◆ **The task**
Restate word for word the lines in the listing below, starting at the line containing "Ohio Department of Job and Family Services" and ending at the line containing "Michael B. Colbert, Director", both included; leave out the rest.

-=-=-

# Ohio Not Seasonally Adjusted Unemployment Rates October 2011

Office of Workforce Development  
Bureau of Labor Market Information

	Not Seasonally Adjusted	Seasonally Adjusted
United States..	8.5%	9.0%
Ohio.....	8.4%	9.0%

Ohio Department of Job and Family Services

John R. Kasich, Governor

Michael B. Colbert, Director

-=-=-

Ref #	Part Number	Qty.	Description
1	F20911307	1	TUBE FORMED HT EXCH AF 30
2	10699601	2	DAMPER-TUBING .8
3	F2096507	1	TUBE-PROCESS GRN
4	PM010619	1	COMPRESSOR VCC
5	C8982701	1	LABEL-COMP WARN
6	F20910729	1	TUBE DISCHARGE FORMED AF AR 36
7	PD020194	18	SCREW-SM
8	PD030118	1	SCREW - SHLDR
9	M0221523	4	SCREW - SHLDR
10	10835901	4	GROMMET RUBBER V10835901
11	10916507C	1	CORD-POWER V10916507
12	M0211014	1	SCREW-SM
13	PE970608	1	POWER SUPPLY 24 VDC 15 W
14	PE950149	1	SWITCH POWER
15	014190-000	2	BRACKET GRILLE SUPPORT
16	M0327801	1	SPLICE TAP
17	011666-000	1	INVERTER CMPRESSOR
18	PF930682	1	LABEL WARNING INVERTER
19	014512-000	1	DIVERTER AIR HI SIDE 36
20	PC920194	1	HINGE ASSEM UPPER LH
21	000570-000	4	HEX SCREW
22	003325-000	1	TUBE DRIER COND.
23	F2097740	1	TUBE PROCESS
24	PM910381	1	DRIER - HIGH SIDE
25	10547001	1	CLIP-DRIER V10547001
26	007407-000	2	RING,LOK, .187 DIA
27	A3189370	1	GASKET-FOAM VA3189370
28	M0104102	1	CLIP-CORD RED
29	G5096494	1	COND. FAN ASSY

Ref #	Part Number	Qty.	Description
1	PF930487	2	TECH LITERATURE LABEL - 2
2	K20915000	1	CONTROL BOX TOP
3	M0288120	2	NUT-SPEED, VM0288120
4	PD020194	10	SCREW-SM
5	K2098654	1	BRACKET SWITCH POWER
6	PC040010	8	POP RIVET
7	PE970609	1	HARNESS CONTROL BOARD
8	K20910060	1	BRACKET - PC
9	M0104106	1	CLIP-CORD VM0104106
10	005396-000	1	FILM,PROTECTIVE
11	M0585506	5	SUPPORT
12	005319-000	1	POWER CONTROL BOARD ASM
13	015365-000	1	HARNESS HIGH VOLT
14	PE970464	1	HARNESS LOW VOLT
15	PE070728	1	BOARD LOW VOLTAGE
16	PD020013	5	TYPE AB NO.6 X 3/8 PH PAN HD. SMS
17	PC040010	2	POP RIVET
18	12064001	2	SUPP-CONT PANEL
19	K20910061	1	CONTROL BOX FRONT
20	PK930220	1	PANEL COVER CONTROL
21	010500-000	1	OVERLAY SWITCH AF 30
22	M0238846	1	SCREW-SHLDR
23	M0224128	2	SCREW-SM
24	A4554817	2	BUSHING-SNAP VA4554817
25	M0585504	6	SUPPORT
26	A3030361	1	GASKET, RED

-=-=-

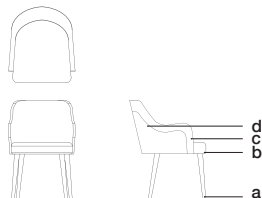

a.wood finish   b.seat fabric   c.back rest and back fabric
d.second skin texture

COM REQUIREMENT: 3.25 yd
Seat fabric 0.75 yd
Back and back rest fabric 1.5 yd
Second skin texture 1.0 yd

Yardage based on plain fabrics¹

-=-=-

◆ **Output of the task**
Ohio Department of Job and Family Services

John R. Kasich, Governor

Michael B. Colbert, Director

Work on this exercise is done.